Detection of oxidised proteins
Sperm protein extracts, containing 150 μg protein, were obtained from LQ and HQ ejaculates (as described in the previous paragraph) and derivatised with a four-fold volume of 2,4-dinitrophenylhydrazine (DNPH) solution or derivatisation-control solution (Oxyblot Protein Oxidation Detection Kit, EMD Millipore). The protein samples were purified using a Clean-Up Kit (GE Healthcare) according to the manufacturer’s protocol. The final pellet was dissolved in rehydration buffer (7 M urea, 2 M thiourea, 2% CHAPS, 2% [v/v] IPG buffer 3–10 NL, 50 mM DTT, and bromophenol blue). Insoluble components were removed by centrifugation at 10000 × g for 5 min. Protein concentration was measured using the Bradford assay (Coomassie Plus Assay Reagent, Thermo Fisher Scientific).
Samples containing 100 μg protein were loaded onto 7-cm Immobiline DryStrips, with a 3–10 nonlinear pH range (GE Healthcare), and rehydrated for 12 h. Proteins were separated by isoelectric focusing using an Ettan IPGphor apparatus (GE Healthcare) at 20°C, with the current limited to 50 μA per strip and the voltage program as described previously [23]. The IPG strips underwent equilibration and electrophoretic separation performed on 12.5% sodium dodecyl sulfate polyacrylamide gels as described previously [23]. The control gels treated earlier with derivatisation-control solution were stained with CBB and scanned at 300 dpi using an Image-Scanner III (GE Healthcare).

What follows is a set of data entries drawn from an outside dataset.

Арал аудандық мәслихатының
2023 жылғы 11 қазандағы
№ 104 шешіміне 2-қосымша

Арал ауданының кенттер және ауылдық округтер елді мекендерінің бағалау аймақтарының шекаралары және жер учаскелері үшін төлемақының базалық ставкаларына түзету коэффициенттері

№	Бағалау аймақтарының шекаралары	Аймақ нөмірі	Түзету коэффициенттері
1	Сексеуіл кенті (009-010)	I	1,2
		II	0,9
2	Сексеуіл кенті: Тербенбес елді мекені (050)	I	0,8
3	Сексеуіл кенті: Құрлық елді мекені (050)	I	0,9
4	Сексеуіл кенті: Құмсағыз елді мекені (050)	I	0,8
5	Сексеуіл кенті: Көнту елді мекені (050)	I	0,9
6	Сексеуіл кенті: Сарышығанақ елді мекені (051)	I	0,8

The gels containing DNPH-derivatised proteins were transferred to polyvinylidene fluoride membrane (15 V/gel for 2 h) and subsequently blocked for 1 h with 1% bovine serum albumin in PBS-T buffer (PBS with 0.5% [v/v] Tween-20). Oxyblots were incubated with a rabbit anti-dinitrophenyl (DNP) primary antibody (1:150) overnight at 4°C (Oxyblot™ Protein Oxidation Detection Kit, EMD Millipore). Membranes were washed three times with PBS-T buffer and incubated for 1 h with an anti-rabbit IgG horseradish peroxidase (HRP)-conjugated secondary antibody diluted 1:300 (Oxyblot™ Protein Oxidation Detection Kit, EMD Millipore), and developed as described previously [23].

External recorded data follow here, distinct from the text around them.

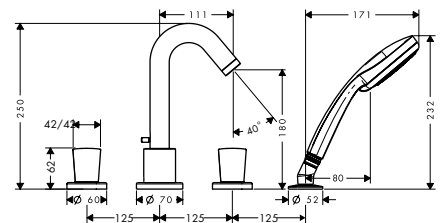

hansgrohe

Bộ trộn nổi 2 đường nước Logis
Logis exposed mixer 2-outlet

Art.No.: 589.52.403 7.000.000 Đ

- Lưu lượng nước ở 3 bar:
  - Vòi xả bốn: 20 lít/phút
  - Đầu cấp sen: 17 lít/phút
- Màu sắc: Chrome
- Flow rate at 3 bar
  - Spout outlet: 20 liters/min
  - Shower outlet: 17 liters/min
- Finish: Chrome

Bộ trộn âm 2 đường nước Logis
Logis concealed mixer 2-outlet

Art.No.: 589.52.439 14.500.000 Đ

- Lưu lượng nước ở 3 bar:
  - Đường nước trên: 20 lít/phút
  - Đường nước dưới: 27 lít/phút
- Màu sắc: Chrome
- Flow rate at 3 bar:
  - Upper outlet: 20 liters/min
  - Lower outlet: 27 liters/min
- Finish: Chrome

Bộ trộn / Bath mixer
Art.No.: 589.52.418 **7.700.000 Đ**
Bộ âm iBox / Basic set iBox
Art.No.: 589.29.950 **6.500.000 Đ**
Ron nối bộ iBox / Reduction coupling for iBox
Art.No.: 588.29.948 **300.000 Đ**

Bộ trộn bốn tấm 4 lỗ Logis
Logis 4-hole rim mounted bath mixer

Art.No.: 589.52.437 37.100.000 Đ

- Lưu lượng nước ở 3 bar:
  - Vòi xả bốn: 22 lít/phút
  - Đầu cấp sen: 16 lít/phút
- Màu sắc: Chrome
- Flow rate at 3 bar:
  - Spout outlet: 22 liters/min
  - Shower outlet: 16 liters/min
- Finish: Chrome

Bộ trộn / Bath mixer
Art.No.: 589.52.415 **23.900.000 Đ**
Bộ âm / Basic set
Art.No.: 589.29.168 **13.200.000 Đ**

Analysis of two-dimensional gel images and oxyblots
Comparative analysis of gels and blots of LQ and HQ ejaculates was performed using the SameSpots software (TotalLab, Newcastle, UK) as described previously [24]. Spot intensities were automatically normalised to the total density of spots on the corresponding gel or blot to correct for slight differences in staining and/or loading. Normalised protein spots that showed changes (p < 0.05) in carbonylation level on oxyblots were subsequently matched with the corresponding proteins on gels to verify whether there were quantitative changes at the protein level. Only the spots that showed changes on oxyblots and did not show intensity changes on gel replicates were considered as changed carbonylation levels. The spots showing differences in protein carbonylation between LQ and HQ ejaculates were manually cut from the gel and subsequently subjected to digestion and protein identification using mass spectrometry.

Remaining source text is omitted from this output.